4/ Selon vous, la crise sans précédent que nous traversons pourrait entraîner des transformations dans le paysage politique français. A quoi peut-on s’attendre ?

J’en suis convaincu dans la mesure où le terme du confinement généralisé ne sera selon toute vraisemblance qu’un moment de la crise apportée par la pandémie. Les dégâts économiques auront des conséquences multiples. Il serait étonnant de ne pas assister à une vague de faillites et de licenciements. Même si l’on peut espérer un regain rapide de l’activité économique, tous ne pourront en bénéficier. De manière connexe, la situation de confinement n’aura pas annulé mais plutôt accentué la perception des différences sociales, qui risquent encore davantage d’être ressenties comme des injustices. En outre, chacun aura relevé, à commencer par le président de la République, que l’utilité sociale était diversement récompensée. Reste enfin l’épineuse question des retombées fiscales du considérable effort budgétaire actuel. Ce genre de débat est rarement porteur d’unité. Je m’attends donc à une crise sociale accrue et qui se déploiera pour l’essentiel sur les lignes de clivage antérieures à la crise. Je m’en tiens donc à mon analyse d’une montée des tensions entre le « bloc élitaire » et un « bloc populaire » qui prend à son tour conscience de lui-même.
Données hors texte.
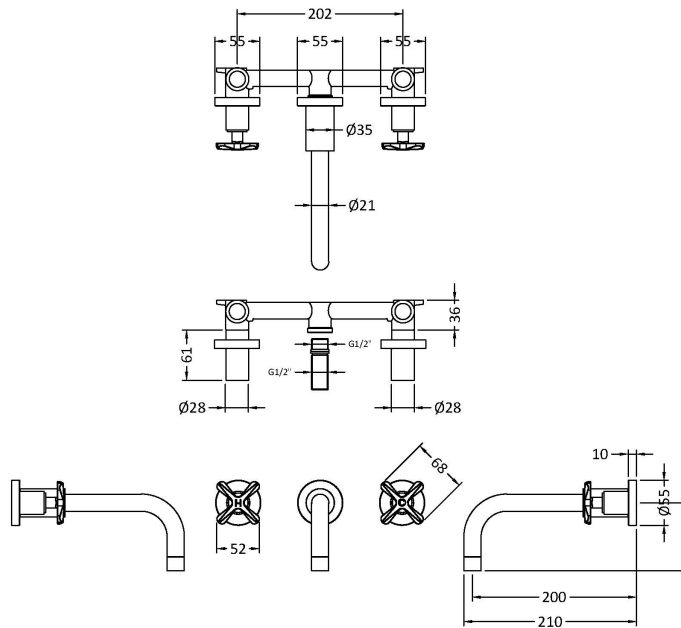

Sales Code: CLX317

Description: Aztec 3Th Wall Mounted Basin Mixer

Product Dimensions

Height (mm):	113
Width (mm):	255
Depth (mm):	220
Length (mm):	
Nett Weight (kg):	2.1

Packaging Dimensions

Height (mm):	140
Width (mm):	180
Depth (mm):	350
Gross Weight (kg):	2.2

Packaging Data

Box Colour:	White Cardboard Box
Box Qty:	1
Label Size:	100 x 50
Label Colour:	White Label
Label Qty:	2

Outer Box Dimensions (If Applicable)

Height (mm):	
Width (mm):	
Depth (mm):	
Length (mm):	
Gross Weight (kg):	18
Barcode:	5056462699233

Product Details

Country of Origin:	United Kingdom
Fitting Instruction:	No
Product Material:	Brass
Control Type:	Manual
Waste Included:	Waste Not Included
Waste Type:	Not Applicable
WRAS Approval: Yes	Approval No: 2204064
Valve/Cartridge Type:	1/4 Turn Ceramic Disc
Colour/Finish:	Chrome
Mount Type:	Deck
Operating Pressure (bar):	0.1
Flow Rates: (Litres Per Min)	0.1 bar: 5 0.5 bar: 12 1 bar: 16 2 bar: 22 3 bar: 27
Pipe Size:	15 mm (1/2" Bsp)
Pipe Centres:	N/A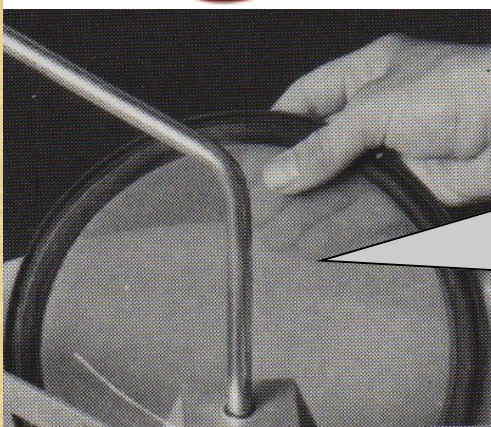

## Rotary Sieve

Tapered, plastic body fits firmly on any round container. Handle extension allows it to rest on extra containers. The Push-in screen with moulded rubber rims are interchangeable. The brush-cluster is rotated against the screen by turning the handle and the pressure required is regulated simply by pressing on the handle as it is turned.

## Hand Sieve

Uses same size screens and is handy for smaller batches or test glazes. Tapered body will fit normal size bucket. Comes complete with spatula.

**Hand Sieve** with your choice of screen **\$73.28**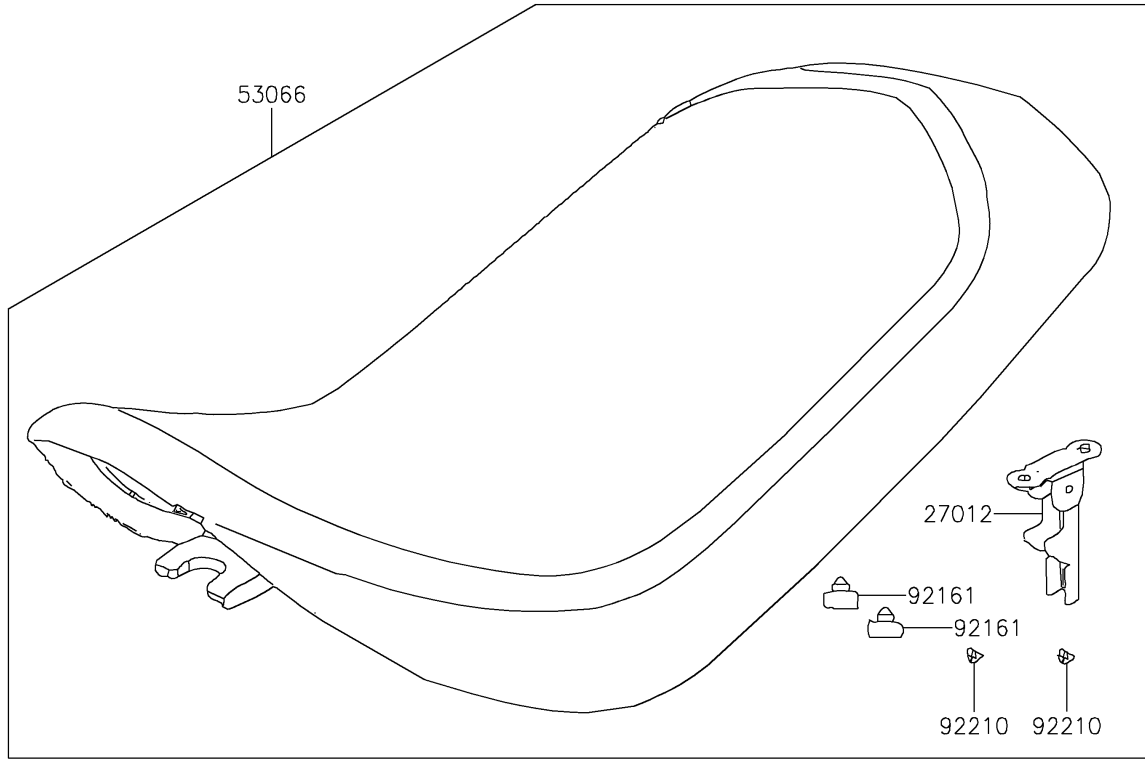

2021 KFX®50 PARTS DIAGRAM

Seat

F2510

2021 KFX® 50 PARTS LIST

Seat

ITEM NAME	PART NUMBER	QUANTITY
HOOK,SEAT LOCK (Ref # 27012)	27012-Y001	1
GAUGE,AIR (Ref # 52005)	52005-Y001	1
SEAT-ASSY (Ref # 53066)	53066-Y009	1
TOOL-KIT (Ref # 56007)	56007-Y001	1
TOOL-KIT (Ref # 56007A)	56007-Y002	1
BAND,TOOL (Ref # 92072)	92072-Y002	1
DAMPER (Ref # 92161)	92161-Y004	2
NUT,6MM (Ref # 92210)	92210-Y027	2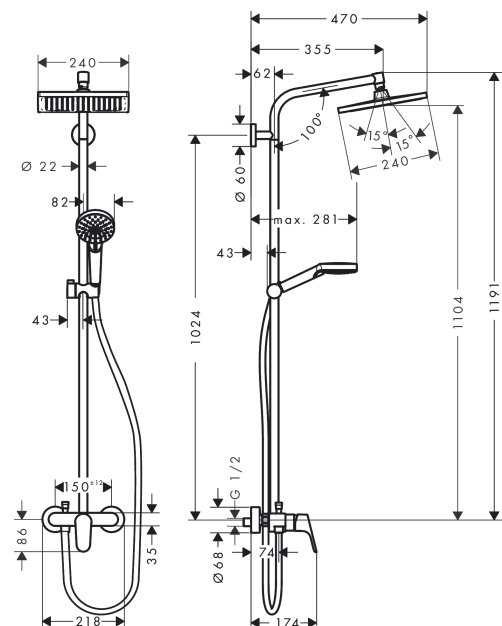

**Crometta E**  
**Showerpipe 240 1jet with manual shower mixer**  
 Surfaces: **chrome** Art. no. : **27284000**

### product features

- Consists of: overhead shower, hand shower, single lever manual shower mixer, shower hose, slider
- overhead shower Crometta E 240
- Shower head size: 240 x 240 mm
- overhead shower angle adjustable
- Spray pattern: Rain
- slide inclination angle can be adjusted by 45°
- height-adjustable hand shower holder
- Shower arm length: 350 mm
- adjustable hot water limitation
- Maximum flow rate (at 3 bar): 13 l/min
- flow rate Rain 15 l/min at 3 bar
- Operating pressure: min. 1.8 bar/max. 10 bar
- exposed design allows easy installation, all working parts are outside of the wall
- Connection dimension 1/2"
- Connection thread 1/2"
- Centre distance 150 mm ± 12 mm
- ceramic cartridge
- pipe can be shortened in height

## Scale drawing

**Crometta E**  
**Showerpipe 240 1jet with manual shower mixer**  
 Surfaces: **chrome**    Art. no. : **27284000**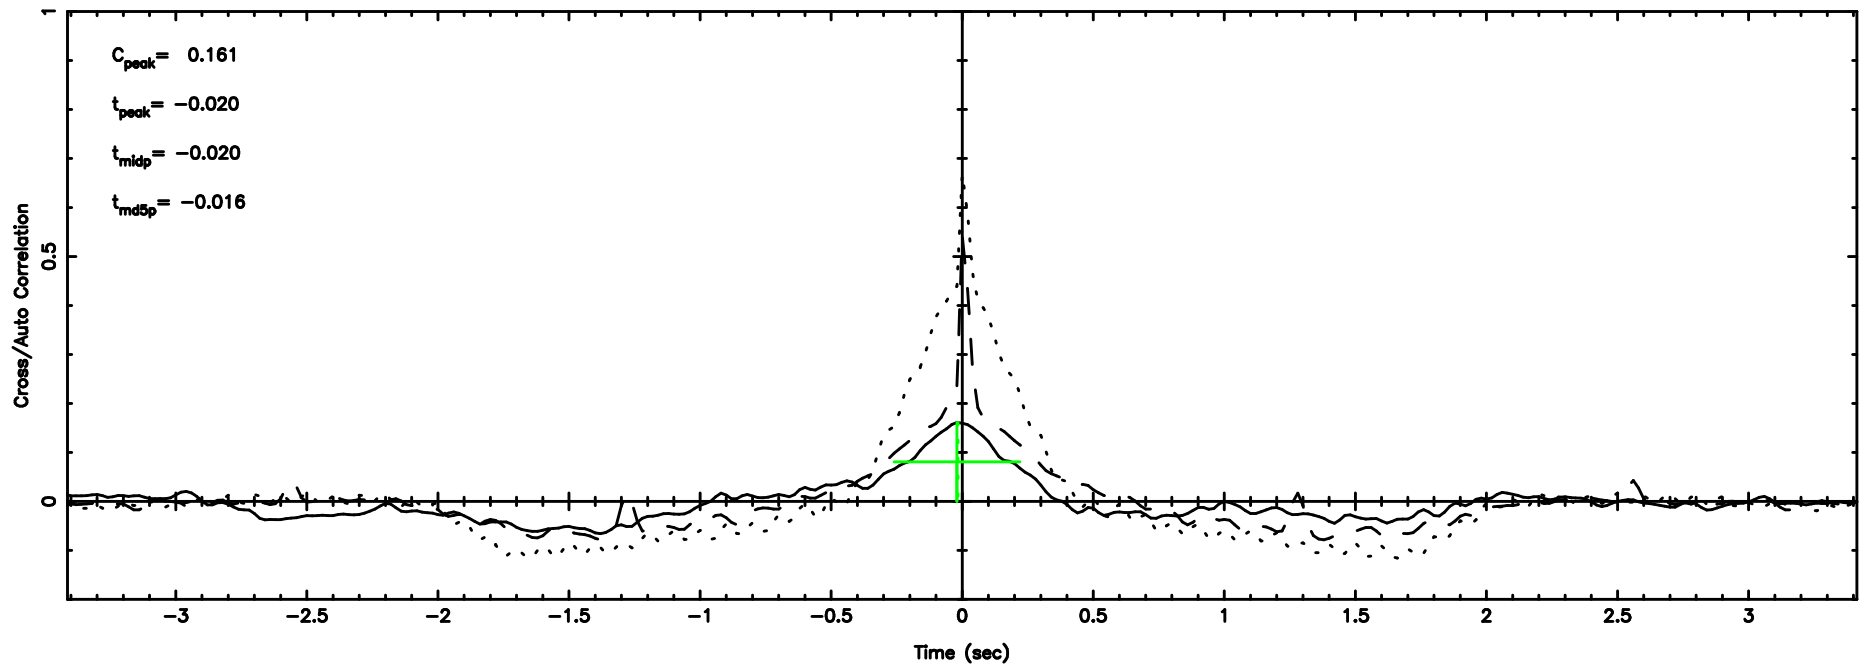

Frequency (Hz)

1245-19 2024/08/11 6.32UT FUJI -KISO

5/ La gestion de la crise par le gouvernement suscite de nombreuses critiques et les récriminations venues des milieux médicaux face aux pénuries de matériel et à la courbe exponentielle des victimes de l’épidémie trouvent écho dans l’opinion française. Au-delà de la responsabilité politique, la responsabilité pénale de nos dirigeants peut-elle être engagée ? Le gouvernement actuel doit-il s’inquiéter de l’après crise ?
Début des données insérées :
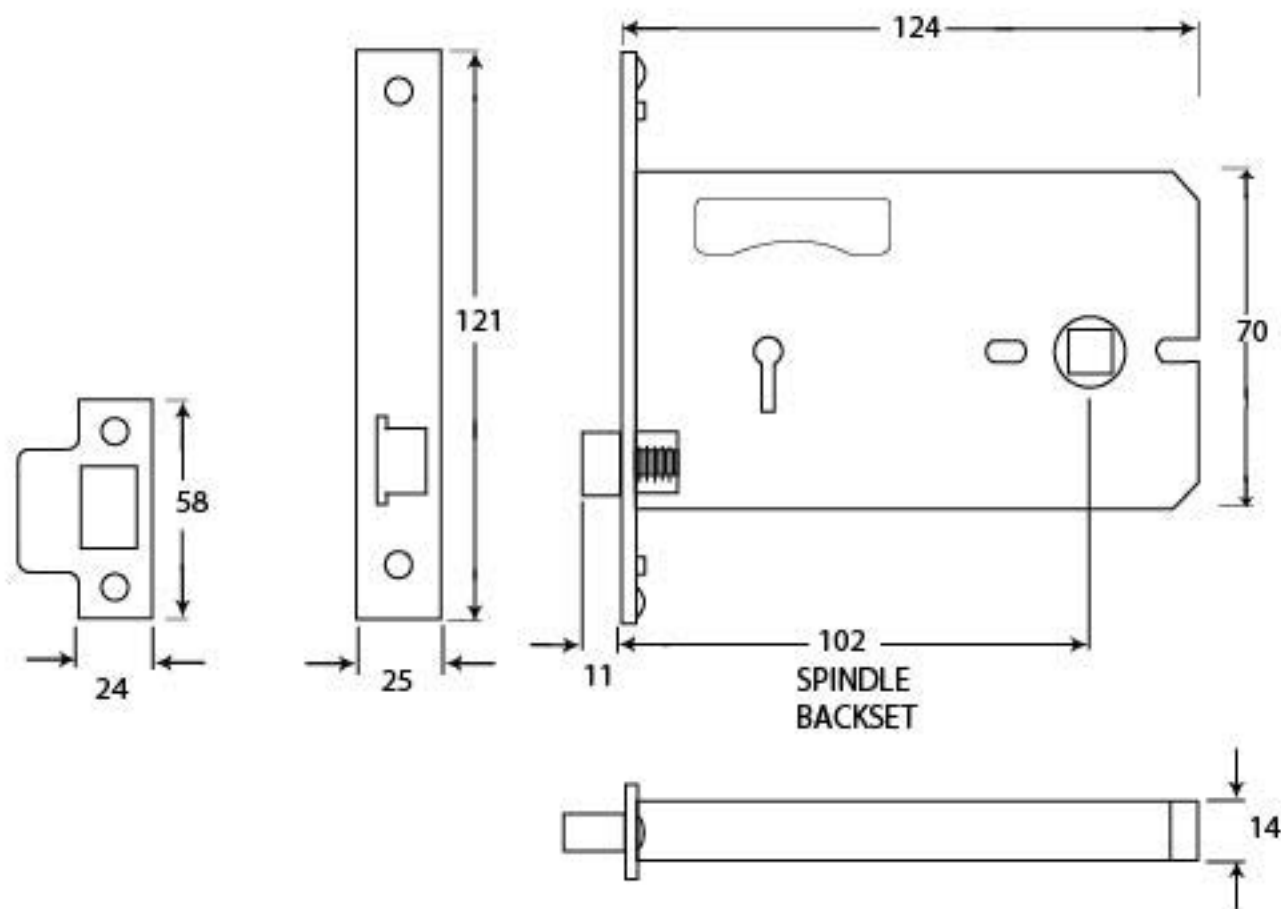

PRODUCT CODE 91110

HANDFORGED
TRADITIONAL
IRON MONGERY

Due to the hand crafted nature of our products all measurements are approximate and should be used as a guide only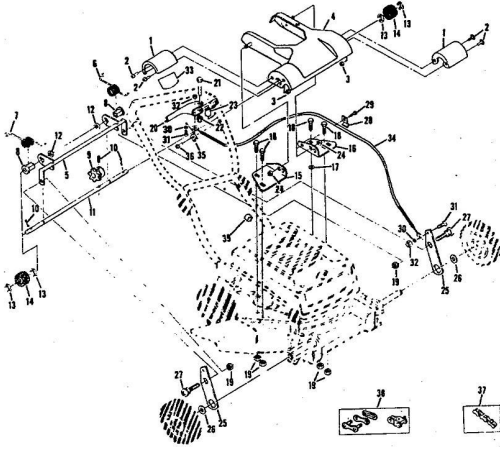

ROPER 20" WHIP STIK™ 164CC 4.0 H.P. POWER PROPELLED LAWN MOWER MODEL NUMBER M6187AR
REPAIR PARTS

ROPER 20" WHIP STIK™ 164CC 4.0 H.P. POWER PROPELLED LAWN MOWER MODEL NUMBER M6187AR

Ref. No.	Part No.	Part Name	Ref. No.	Part No.	Part Name
1	73629	Drive Cover	22	72979	Nut, Shoulder (Special) 1/4-28
2	73136	Screw, Machine #10-24 X 1/2	23	73405	Spacer
3	53491	Nut, Lock #10-24	24	52365	E-Ring 3/8 Shaft
4	72787	Chain Cover Assembly	25	74120	Lower Link
5	73626	Yoke Assembly	26	74232	Washer, Flat Steel .531-1.187 X .148
6	73115	Spring - L.H.	27	73916	Bolt, Shoulder (Special) 1/4-20
7	73722	Spring - R.H.	28	73276	Retainer
8	73057	Bearing	29	55187	Screw, Self-Tapping 5/16-18 X 3/4
9	73696	Sprocket	30	74190	Spacer
10	52379	Spring Pin 3/16 X 1	31	57155	Screw, Machine #10-24 X 5/8
11	73628	Drive Shaft	32	69180	Nut, Lock #10-24
12	73928	Washer, Flat Steel .828-1.25 X .028	33	73442	Decal - Clutch
13	52364	E-Ring 5/8 Shaft	34	74138	Cable
14	69793	Driver	35	73725	Cable Clamp
15	75213	Pivot - R.H.	36	66663	Screw, Self-Tapping #10 X 7/8
16	75214	Pivot - L.H.	37	74787	Chain #65 (44 Pitches)
17	63158	Nut, Lock 1/4-20	38	60472	Repair Link Kit (incl. Offset and Connecting Link)
18	54595	Screw, Hex Head 1/4-20 X 5/8	39	58911	Cable Clip
19	74218	Nut, Lock 1/4-20			
20	74181	Lever			
21	72978	Bolt, Shoulder (Special) 1/4-28 X 1 5/8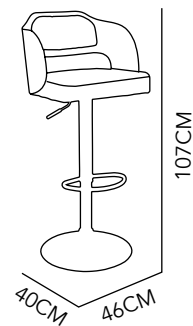

CHROMED STEEL &
LEATHER

49X46X104CM

RED

SONIC

BARSTOOL

POLYPROPYLENE

48X41X82 CM

RED, WHITE
& BLACK,

1 2 7

BALLY

BARSTOOL

CHROMED STEEL &
LEATHER

49X46X104CM

WHITE & BLACK

BELLAGIO

BARSTOOL

CHROMED STEEL &
LEATHER

49X46X104CM

WHITE & BEIGE

B A S I C S

COLLECTION 2018

THEY ARE HERE TO STAY

IGUU MARBLE & MDF

MARBLE TABLE
 STEEL & MARBLE
 90X74 CM
 BLACK & WHITE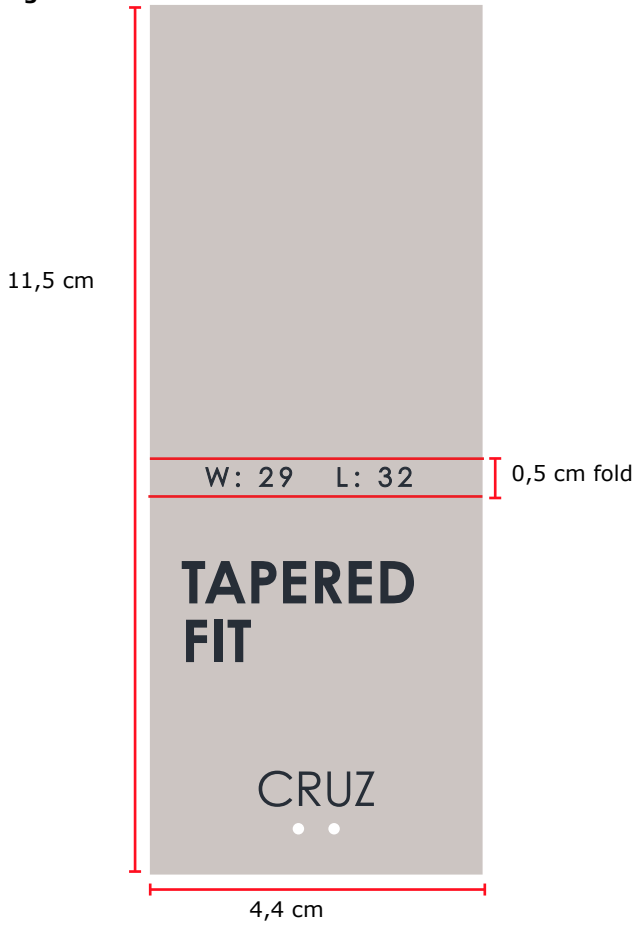

<b>Label:</b> <b>LINDBERGH</b>	<b>Date:</b> 24/06/2019 <b>Modification date:</b> 8 March 2024 2:02 pm	
<b>Description:</b> Size overider - Tapered fit	<b>Labels instruc. No.:</b> LBJ-904A	<b>Design:</b> TK/JTG

**Tag:**

Technical Info	
Main hangtag quality and colour	As "SLATE" 321 for quality. Wind Chime 14-4002 TCX
Print quality and colour	Offset print. Salute 19-4011 TCX

**Folded tag:**

Please attache size overider with sewing thread.  
Colour: Wind chime 14-4002 TCX

Ceci va constituer une ombre persistante. Une bonne partie de l’opinion comprendrait mal qu’après que la justice se soit intéressée de très près à François Fillon, Jean-Luc Mélenchon ou Marine Le Pen, elle ne se penche pas sur la gestion de la crise sanitaire par les autorités. Sans vouloir entrer dans des considérations juridiques, je pense que la question que vous posez sera un élément nouveau de notre vie politique.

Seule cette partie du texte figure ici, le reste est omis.